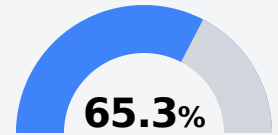

Teacher Data

22.8

Teachers

Experienced Teachers
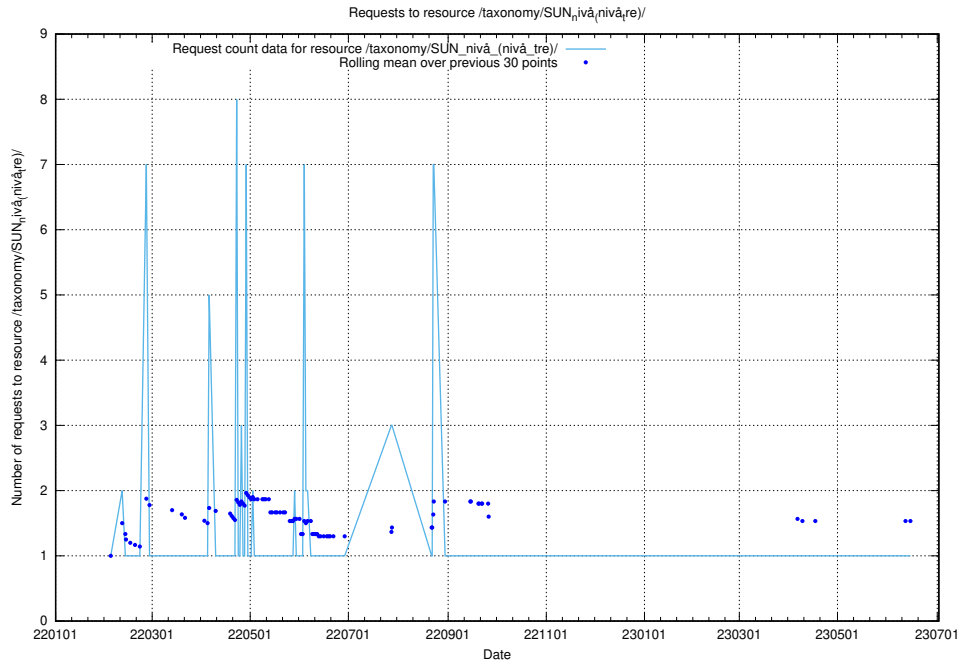

5.910 Usage of /taxonomy/SUN_nivå_(nivå_tre)/

Here, we count the number of requests to resource /taxonomy/SUN_nivå_(nivå_tre)/.
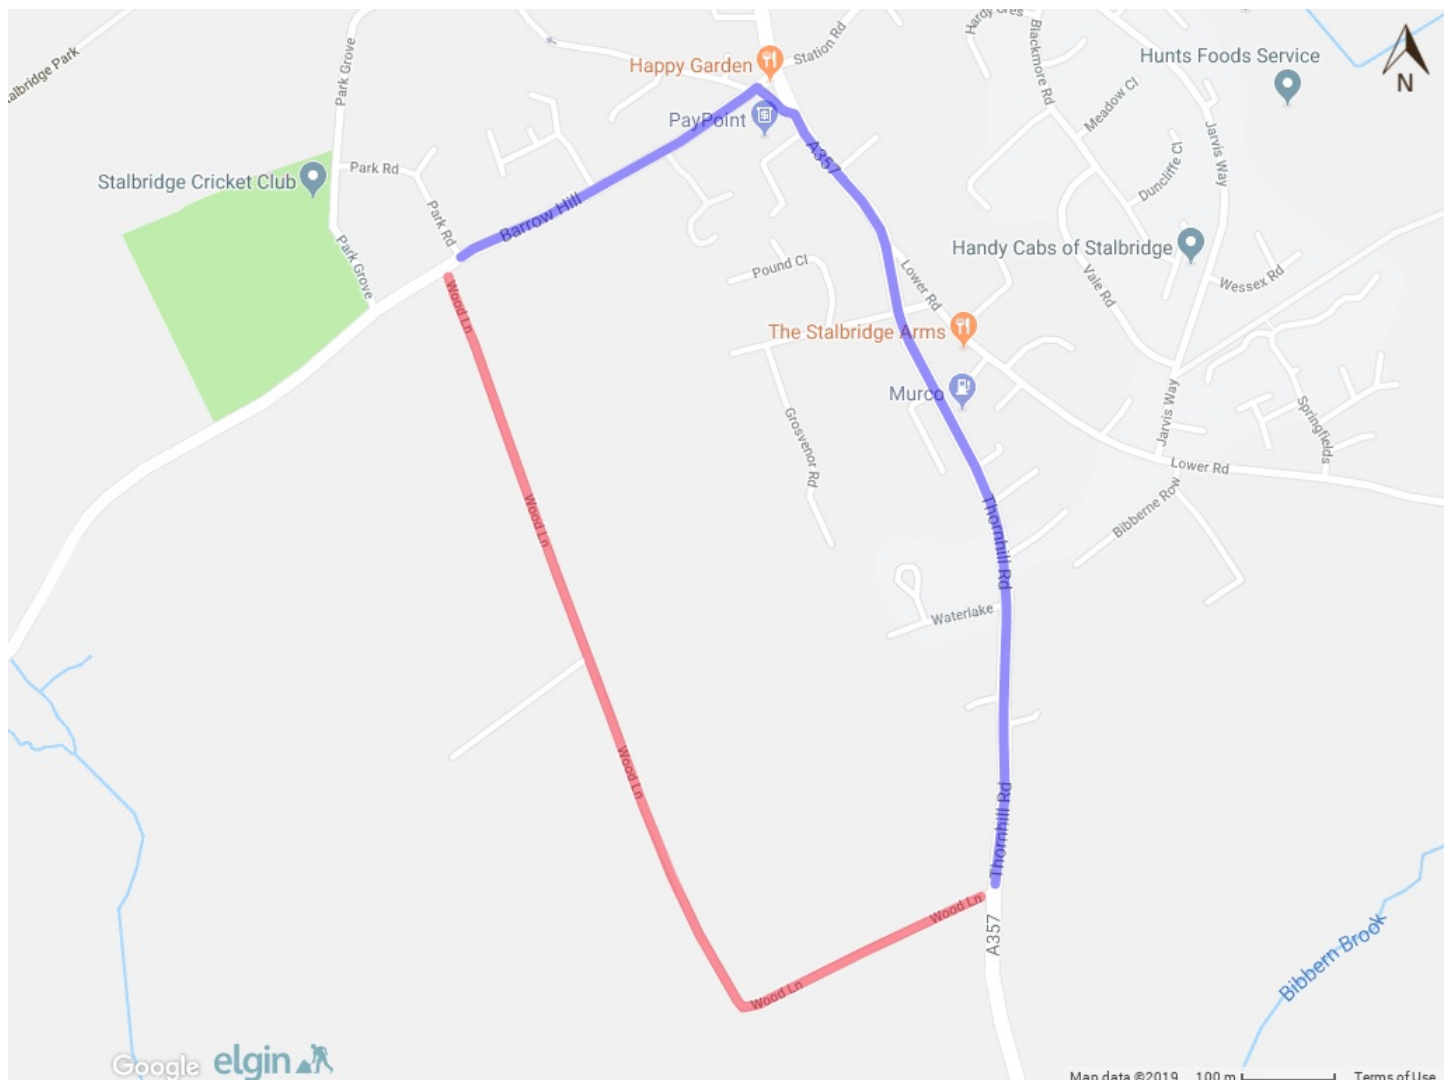

PROPOSED WORKS IN YOUR AREA - Wood Lane, Stalbridge

Dear Sir /Madam

To enable us to carry out maintenance work, we plan to close Wood Lane, Stalbridge between 11th September 2019 and 16th September 2019. The road will be closed daily between the hours of 09:00 and 16:00 but it will be open overnight and at weekends.

We will be repairing sections of road within the area marked in red indicated on the map. The diversion route is marked in blue. National regulations state that we have to divert traffic onto the same classification of road as the one we have closed.

In the current financial climate, the highways service has had to focus its budget on targeting the most damaged sections of road and areas with safety issues.

We will contact you again nearer the time to confirm the dates of the work and the closure needed.

If you wish to discuss any issues regarding this work, please [contact us](#).

Yours faithfully

Colin Griffin
Site Agent
Dorset Highways

01305 228100

Map data © [Google Terms of Use](#)

[Find out more about road maintenance on our website](#) | [View all roadworks in your area](#)
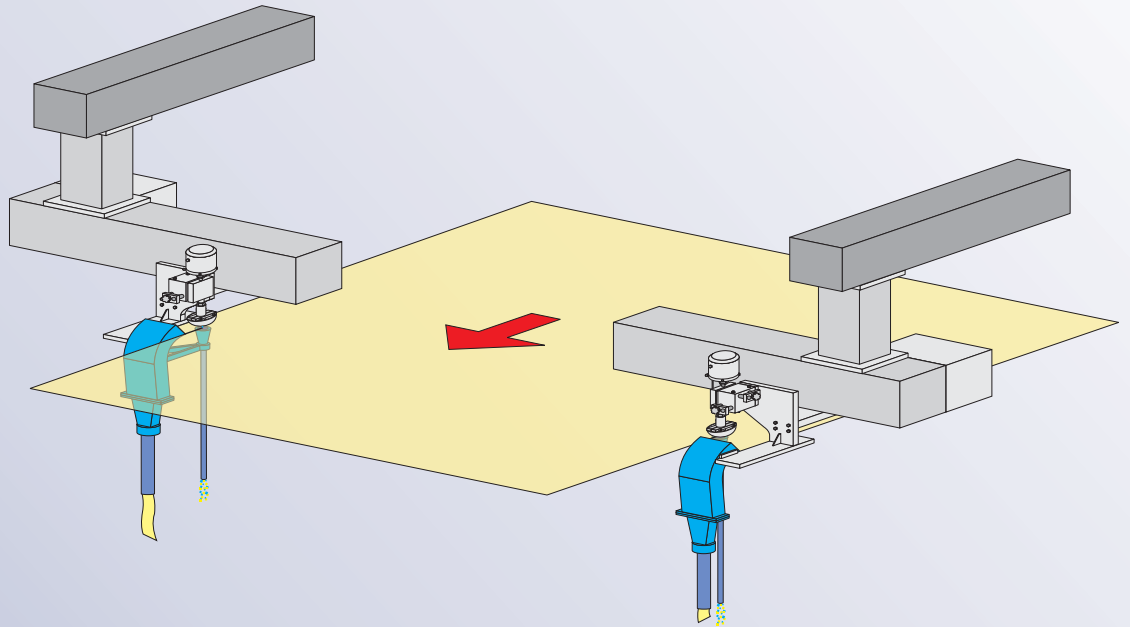

30
YEARS

ROBO PAPER

E-mail: info@robopaper.nl
Internet: www.robopaper.nl

ROBO SLITTERUNIT

HIGH PRESSURE WATER - CUTTING DEVICES

EDGE SLITTING

EDGE & DECKLE CUTTING

WATERPRESSURE: 150-4000 BAR
2250-60000 PSI
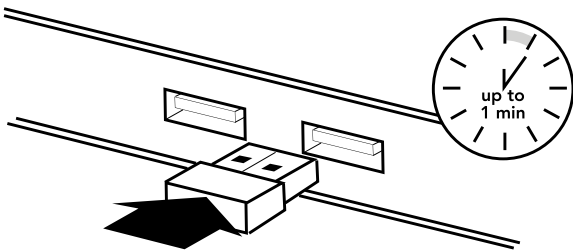

SETUP

1. Open the battery compartment by pressing down on the back of the mouse (A) then press and slide (B) forward. Remove the paper tab and insert the battery following the polarity (+/-) marked.

2. Turn the mouse ON.

3. Insert USB receiver into a USB port on your computer. Wait up to 1 minute. Your mouse is now ready to use.

COMPONENT IDENTIFICATION

CHANGING THE BATTERY

- Open the cover
- Insert one AAA battery following the polarity (+/-) marked
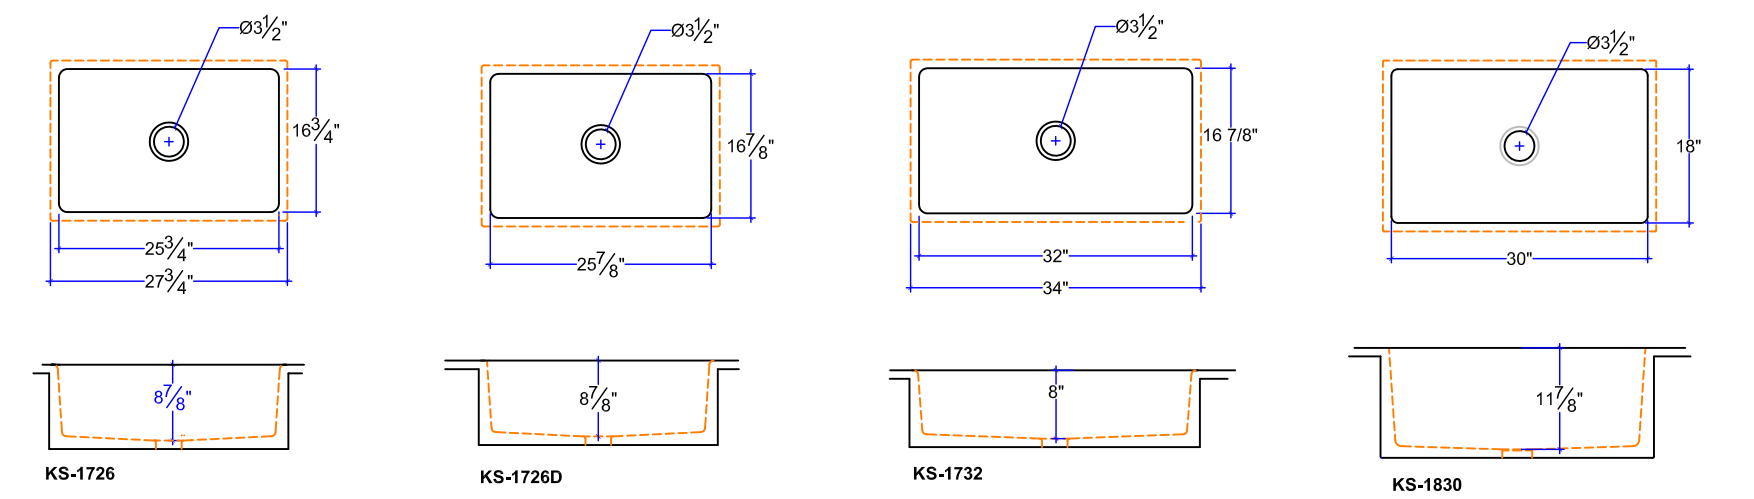

SONOMA CAST STONE CORPORATION
 133 COPELAND STREET PETALUMA, CA 94952
 707-283-1888
 FAX 707-283-1899

SINGLE BOWL INTEGRAL KITCHEN SINKS
 VERSION : 11/21/2013

SONOMA CAST STONE CORPORATION
 133 COPELAND STREET PETALUMA, CA 94952
 707-283-1888
 FAX 707-283-1899

DOUBLE BOWL INTEGRAL KITCHEN SINKS
 VERSION : 11/21/2013
.....
* **ASSIGNED TASK**
Nothing but the text is wanted: repeat the data above exactly, without its images.

* **SOLUTION**
Teacher Data

22.8

Teachers

Experienced Teachers

5.910 Usage of /taxonomy/SUN_nivå_(nivå_tre)/

Here, we count the number of requests to resource /taxonomy/SUN_nivå_(nivå_tre)/.

PROPOSED WORKS IN YOUR AREA - Wood Lane, Stalbridge

Dear Sir /Madam

To enable us to carry out maintenance work, we plan to close Wood Lane, Stalbridge between 11th September 2019 and 16th September 2019. The road will be closed daily between the hours of 09:00 and 16:00 but it will be open overnight and at weekends.

We will be repairing sections of road within the area marked in red indicated on the map. The diversion route is marked in blue. National regulations state that we have to divert traffic onto the same classification of road as the one we have closed.

In the current financial climate, the highways service has had to focus its budget on targeting the most damaged sections of road and areas with safety issues.

We will contact you again nearer the time to confirm the dates of the work and the closure needed.

If you wish to discuss any issues regarding this work, please [contact us](#).

Yours faithfully

Colin Griffin
Site Agent
Dorset Highways

01305 228100

Map data © [Google Terms of Use](#)

[Find out more about road maintenance on our website](#) | [View all roadworks in your area](#)

30
YEARS

ROBO PAPER

E-mail: info@robopaper.nl
Internet: www.robopaper.nl

ROBO SLITTERUNIT

HIGH PRESSURE WATER - CUTTING DEVICES

EDGE SLITTING

EDGE & DECKLE CUTTING

WATERPRESSURE: 150-4000 BAR
2250-60000 PSI

SETUP

1. Open the battery compartment by pressing down on the back of the mouse (A) then press and slide (B) forward. Remove the paper tab and insert the battery following the polarity (+/-) marked.

2. Turn the mouse ON.

3. Insert USB receiver into a USB port on your computer. Wait up to 1 minute. Your mouse is now ready to use.

COMPONENT IDENTIFICATION

CHANGING THE BATTERY

- Open the cover
- Insert one AAA battery following the polarity (+/-) marked

SONOMA CAST STONE CORPORATION
 133 COPELAND STREET PETALUMA, CA 94952
 707-283-1888
 FAX 707-283-1899

SINGLE BOWL INTEGRAL KITCHEN SINKS
 VERSION : 11/21/2013

SONOMA CAST STONE CORPORATION
 133 COPELAND STREET PETALUMA, CA 94952
 707-283-1888
 FAX 707-283-1899

DOUBLE BOWL INTEGRAL KITCHEN SINKS
 VERSION : 11/21/2013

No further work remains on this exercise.